Слухи подтвердились, когда через несколько дней на Песках появился подтянутый военный летчик в звании капитана. Мальчишки с нашей улицы ватагой маршировали за ним от самого железнодорожного переезда, завидуя его выправке и, конечно же, летной форме. Пробыл в городе он недолго. Видели, как летчик заходил в дом к глухой Асе, а вот о чем они беседовали, никто так и не узнал.
После его отъезда все осталось по-прежнему.
Шолом работал на своем привычном месте. Брайна выходила еще несколько раз поскандалить, а потом стала делать вид, что не замечает изменника.
Наступила зима. Улицу завалило неуклюжими сугробами. Шолом в теплом полушубке и вечно засаленной своей кепке выходил расчищать дорожку около дома глухой Аси. Расчистив ее и основательно утрамбовав, он переходил через дорогу и махал деревянной лопатой около бывшего своего жилья. Брайна на улице не показывалась.
Дни тянулись за днями. Забот у обитателей Песков было достаточно, и интерес к уходу сапожника Шолома от прежней своей жены постепенно угас. Случай вновь заставил его вспыхнуть.
Произошло это, когда зазеленели тополя, а воздух стал чистым и по-майски вкусным.
Шолом только что закончил красить в темно-красный цвет калитку Асиного дома и перешел, как обычно, на противоположную сторону с ведром краски и кистью наперевес. Он запел длинную, неторопливую песню и успел нанести только несколько первых мазков, как из дверей его бывшего дома на крыльцо вышла почтальонша.

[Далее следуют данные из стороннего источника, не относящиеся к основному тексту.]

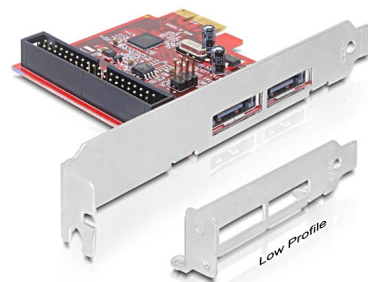

Delock Karta PCI Express > 2 x externí eSATA 6 Gb/s + 1 x interní IDE

Popis

Karta Delock PCI Express rozšiřuje počítač o dva externí eSATA porty a o jeden interní IDE port. Umožňuje připojení zařízení jako jsou externí pouzdra, pevné disky, DVD mechaniky apod.

Číslo produktu 89275

EAN: 4043619892754

Země původu: Taiwan,
Republic of China

Balení: Kartonová krabice

Technické detaily

- Marvell chipsetem
- 2 x externí eSATA 6 Gb/s
- 1 x interní IDE
- Pinové rozhraní pro LED indikaci přístupu na pevný disk
- Datová rychlost přenosu:
eSATA až do 6 Gb/s
PATA až do 133 Mb/s
PCI Express x1 až do 5 Gb/s
- PCI Express x1
- Podpora PCI Express 2.0
- Podporuje pevné disky s funkcí Native Command Queue (NCQ)
- Podporuje ATA, ATAPI
- Podporuje ATA Master a Slave
- Podporuje Raid 0, 1 na SATA discích
- Hot Plug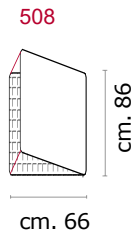

**Rivestimento:** In pelle o in tessuto, non sfoderabile.

**Piede:** In legno altezza 4 cm.

**Caratteristiche letto:** Meccanismo con apertura sincronizzata mediante ribaltamento della spalliera. Piano letto ortopedico con rete elettrosaldata e cinghie elastiche sulla seduta. Materasso in poliuretano altezza 16 cm, misura utile per dormire 195 cm. Larghezza variabile a seconda della versione. Durante il ribaltamento, cuscini di seduta e schienale agganciati alla rete letto.

**Feet:** In wood 4 cm. high.

**Bed features:** Mechanism featuring synchronized tipping back opening.

Electro-welded mesh orthopaedic bed with elastic belts on the seat. Mattress in polyurethane 16 cm. high. Sleeping dimensions 195 cm. Seat and back cushions attached to the bed mechanism during the opening which can change according to the version.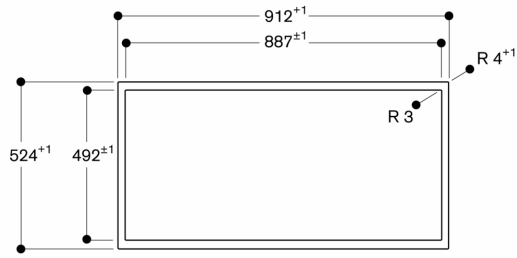

#### Aansluiting

Totale aansluitwaarde 11.1 kW

Aansluitkabel 1.5 m zonder stekker.

Om de WIFI-functie uit te schakelen, gelieve de handleiding te raadplegen.

Aanzicht van boven

Afmeting in mm

Dwarsdoorsnede

A: 3,5<sup>0,5</sup>  
 B: Vulling met silicone

Afmeting in mm

Montage bedieningsknop, vlak geïntegreerde inbouw

Afmeting in mm

Montage bedieningsknop, inbouw met zichtbare rand

Afmeting in mm

Afmeting in mm

– Шолом, – сказала она, – зайдите, пожалуйста, к Брайне.
Шолом вошел в дом и увидел лежащую ничком на полу свою бывшую жену. Рядом с ней белел бланк телеграммы.

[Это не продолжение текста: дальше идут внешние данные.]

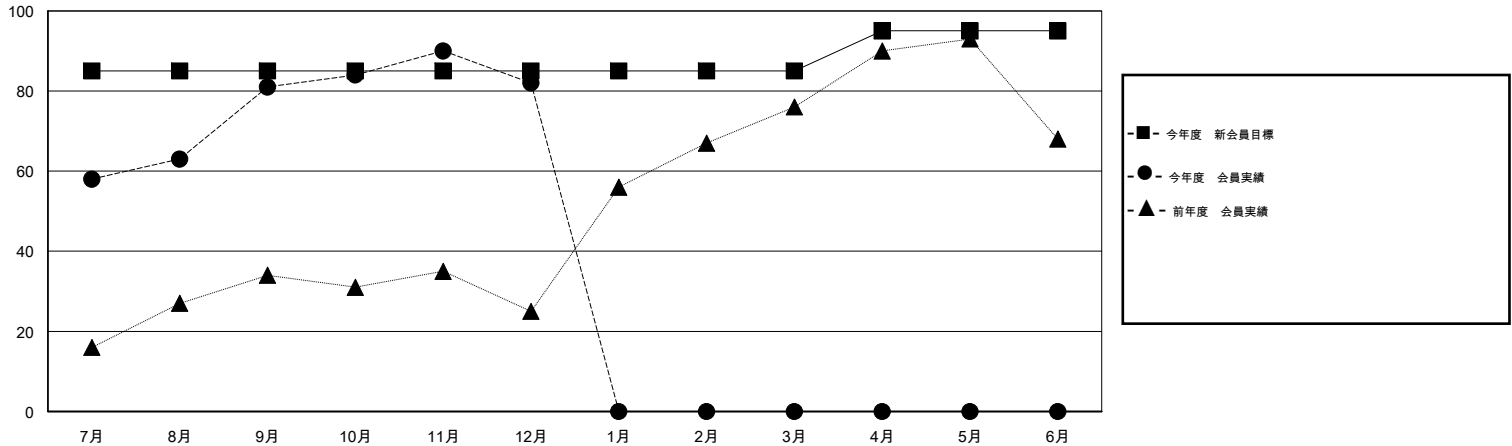

# MONTHLY MEMBERSHIP PROGRESS REPORT

District 337 E

Results as of: 12/31/2014

GMT: Chikao Suzuki

地域 JAPAN

GMT会則地域 5-Jap

クラブ					名				
結果: 2014-2015					結果: 2014-2015				
四半期	新クラブ目標	新クラブ	解散クラブ	純増/減	四半期	新会員目標	チャーターメン バー/新会員	退会者	純増/減
7月/8月/9月	2	1	0	1	7月/8月/9月	85	117	36	81
10月/11月/12月	0	0	0	0	10月/11月/12月	0	28	27	1
1月/2月/3月	0	0	0	0	1月/2月/3月	0	0	0	0
4月/5月/6月	1	0	0	0	4月/5月/6月	10	0	0	0

新クラブ目標及び実績累計

会員目標及び実績累計

解散クラブ: 0	32 CLUBS OF 59 一名以上の新会員を登録	男女別
		男性 1,450 (85.85%)
		女性 239 (14.15%)
退会者	<a href="#">健康診断データはこちら</a>	家族会員 191
物故会員 7		世帯主 84
クラブ解散 0		世帯主以外 107
その他 56		
合計 63

Соседи, собравшиеся на улице, стояли молча и только вновь подошедшим тихо, почти шепотом объясняли, что сын Брайны и Шолома разбился в одном из учебных полетов.
Тело его привезли спустя несколько дней в гробу, обтянутом красной материей. Сверху положили летную фуражку. Музыканты играли траурный марш. День был тусклый. Над городом нависали серые фабричные дымы.
Шолом шел за гробом и мял в руках кепку. Ветер шевелил его редкие седые волосы. Брайне стало плохо, и ее везли на машине позади процессии.
Чуть поодаль от Шолома, низко наклонив голову, шла глухая Ася.
После похорон Брайна слегла. Шолом остался с ней. Он ходил по магазинам и в аптеку, готовил еду, мыл пол.
Я видел, как глухая Ася несколько раз переходила улицу, останавливалась перед калиткой, но войти в дом не решалась.
Однажды она принесла с рынка полную корзину свежей зелени и постучала в окно. Шолом раздвинул занавески, выглянул наружу и через минуту вышел на улицу. Мы с ребятами гоняли по тротуару, расчерченному мелом, банку из-под гуталина и стали невольными свидетелями их встречи.
Они стояли молча, взявшись за руки. Нам, конечно, было тогда невдомек, что за чувство блеснуло яркой зарницей на закате дней у этой странной пары, вызвавшей столько сплетен и пересудов. И все же было в них нечто такое, что заставило нас прекратить игру, замереть вместе с ними, чтобы ничем не потревожить это мимолетное свидание. Так они и запомнились мне, стоящими держась за руки в тени густых тополей, спасаясь от молодого июльского солнца.
Потом глухая Ася протянула ему корзину и тихо сказала:
– Возьми, прошу тебя.
– Спасибо, – так же тихо ответил Шолом.
Глухой Асе не требовалось кричать, если слова произносить внятно, она все читала по движущимся губам.
Вскоре мои родители переехали из этого района в другой, ближе к центру, и я лет десять, наверное, не показывался на Песках. А когда волей случая мне снова пришлось там побывать, эту часть города было уже не узнать. Гудели шумные грузовики, везя на широких платформах серые бетонные плиты. Натужно ворочались экскаваторы, вгрызаясь в землю. Вдоль тополей тянулась глубокая траншея, по бокам которой лежали толстые трубы. Та сторона, на которой находился когда-то дом сапожника Шолома, была снесена начисто. Шла реконструкция.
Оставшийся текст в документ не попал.